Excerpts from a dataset

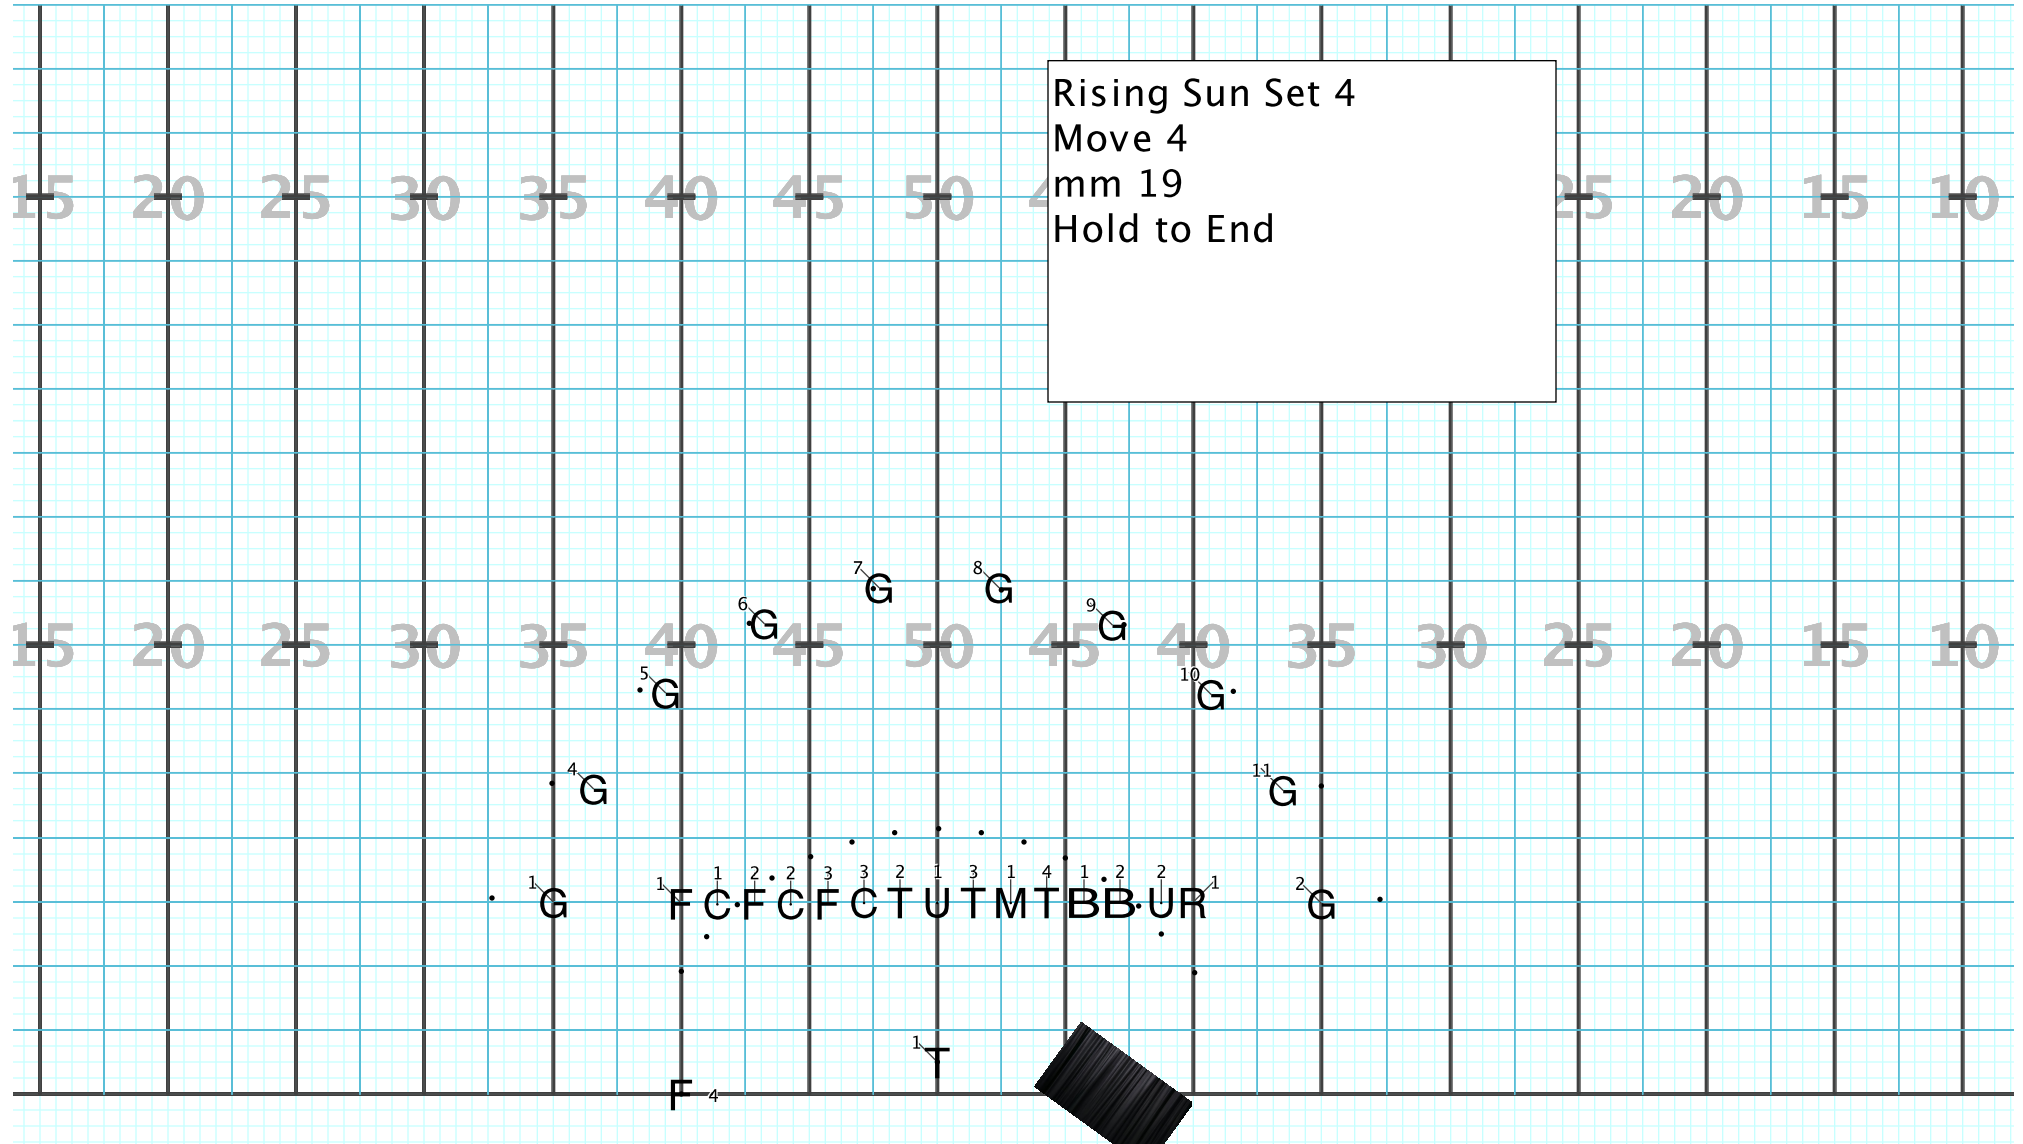

Rising Sun Set 2
Move 16
Rotate Circle
mm 2-5

Director Viewpoint

Rising Sun Set 3

Move 12

mm 6-8

Hold 38

mm 9-18

Director Viewpoint

Rising Sun Set 4
 Move 4
 mm 19
 Hold to End

Director Viewpoint

Soul Man Set 5
Hold 16
mm 1-4
Move 16
mm 5-8

Director Viewpoint

Soul Man Set 6
Move 16
mm 9-12
Hold 32
mm13-20

Director Viewpoint

Soul Man Set 7
Move 16
mm 21-24
Hold 20
mm 25-29

Director Viewpoint

Soul Man Set 8
Move 16
mm 30-33
Hold to End

Motown Set 9
Winds to knee 4 counts
Up mm 9
T1 remain standing
Hold 40
mm 1-10

Director Viewpoint

Motown Set 10
Move 16
mm 11-14
Hold 20
mm 15-19

Director Viewpoint

Motown Set 11
Move 16 Follow leader
mm 20-23

Director Viewpoint

Motown Set 12

Move 8

mm 24-25

Hold 8

mm 26-27
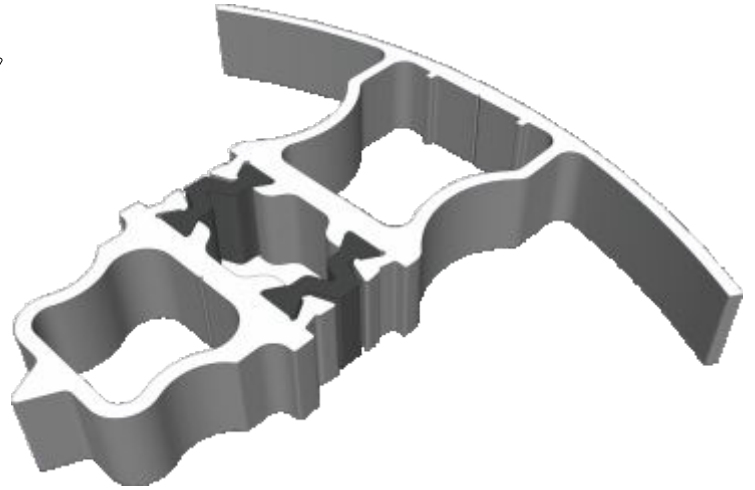

Bay Poles

AW716 - 120° to 140° For 70mm Frame
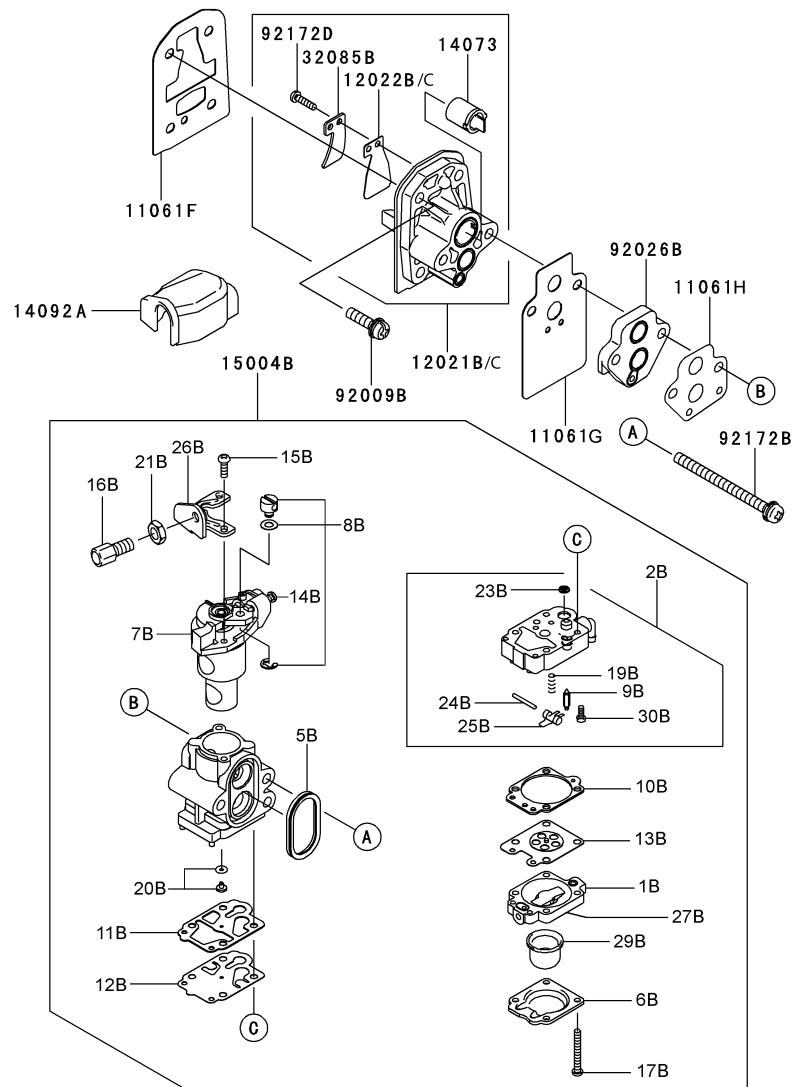

KPW2750V

CARBURETOR (WALBRO WYA-234)

REF NO	PART NUMBER	DESCRIPTION	GF70	HF70	KF70	LF70	MF70	NF70
32085B	TJ27112	STOPPER					1	1
92009B	TG25027-07	SCREW 5X20					4	4
92026B	TJ27133	SPACER					1	1
92172B	TJ27114	SCREW,5X65					2	2
92172D	TJ27113	SCREW,3X12					1	2
CRK	TJ27V-CRK	CRK					AR	AR

TJ027E-GF70, -HF70, -KF70, -LF70, -MF70, -NF70

Work request
Nothing but the lines from the one containing "Move 16 Follow leader" through the end of the entries should be written out, exactly and without pictures.

Expected answer
Move 16 Follow leader
mm 20-23

Director Viewpoint

Motown Set 12

Move 8

mm 24-25

Hold 8

mm 26-27

Bay Poles

AW716 - 120° to 140° For 70mm Frame

KPW2750V

CARBURETOR (WALBRO WYA-234)

REF NO	PART NUMBER	DESCRIPTION	GF70	HF70	KF70	LF70	MF70	NF70
32085B	TJ27112	STOPPER					1	1
92009B	TG25027-07	SCREW 5X20					4	4
92026B	TJ27133	SPACER					1	1
92172B	TJ27114	SCREW,5X65					2	2
92172D	TJ27113	SCREW,3X12					1	2
CRK	TJ27V-CRK	CRK					AR	AR

TJ027E-GF70, -HF70, -KF70, -LF70, -MF70, -NF70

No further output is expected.